## Action item
In the listing below, pick out lines with "Technical".

## Source material

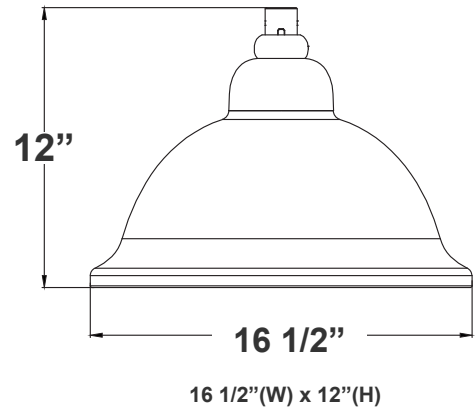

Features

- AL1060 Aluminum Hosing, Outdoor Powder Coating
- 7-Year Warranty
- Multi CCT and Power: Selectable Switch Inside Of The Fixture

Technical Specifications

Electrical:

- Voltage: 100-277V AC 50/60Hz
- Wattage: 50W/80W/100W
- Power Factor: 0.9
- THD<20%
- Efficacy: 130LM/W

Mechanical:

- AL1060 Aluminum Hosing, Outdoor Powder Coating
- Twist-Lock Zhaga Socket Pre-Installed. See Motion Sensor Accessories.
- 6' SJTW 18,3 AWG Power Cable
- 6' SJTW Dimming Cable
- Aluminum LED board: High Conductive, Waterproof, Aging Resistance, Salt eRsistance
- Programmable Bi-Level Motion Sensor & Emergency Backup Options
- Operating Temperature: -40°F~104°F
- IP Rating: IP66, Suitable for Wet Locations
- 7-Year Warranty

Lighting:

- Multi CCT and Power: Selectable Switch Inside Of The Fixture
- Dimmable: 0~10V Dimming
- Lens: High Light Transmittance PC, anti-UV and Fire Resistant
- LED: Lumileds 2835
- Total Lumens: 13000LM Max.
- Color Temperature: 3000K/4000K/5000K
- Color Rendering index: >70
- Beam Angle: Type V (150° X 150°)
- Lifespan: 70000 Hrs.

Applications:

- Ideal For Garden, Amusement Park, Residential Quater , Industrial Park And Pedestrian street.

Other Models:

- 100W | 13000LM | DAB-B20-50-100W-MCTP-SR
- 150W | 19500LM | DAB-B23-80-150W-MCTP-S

...

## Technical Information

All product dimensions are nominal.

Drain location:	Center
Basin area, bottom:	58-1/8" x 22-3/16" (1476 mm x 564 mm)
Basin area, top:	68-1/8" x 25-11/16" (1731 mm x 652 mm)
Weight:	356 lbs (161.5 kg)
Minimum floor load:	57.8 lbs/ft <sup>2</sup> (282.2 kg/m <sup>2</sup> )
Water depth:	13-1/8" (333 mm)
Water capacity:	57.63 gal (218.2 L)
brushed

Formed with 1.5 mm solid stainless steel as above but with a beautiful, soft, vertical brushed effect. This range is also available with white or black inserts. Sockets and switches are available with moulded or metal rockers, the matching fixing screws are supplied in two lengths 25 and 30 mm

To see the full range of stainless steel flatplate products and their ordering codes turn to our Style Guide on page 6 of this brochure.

## Response to the task
Technical Specifications
## Technical Information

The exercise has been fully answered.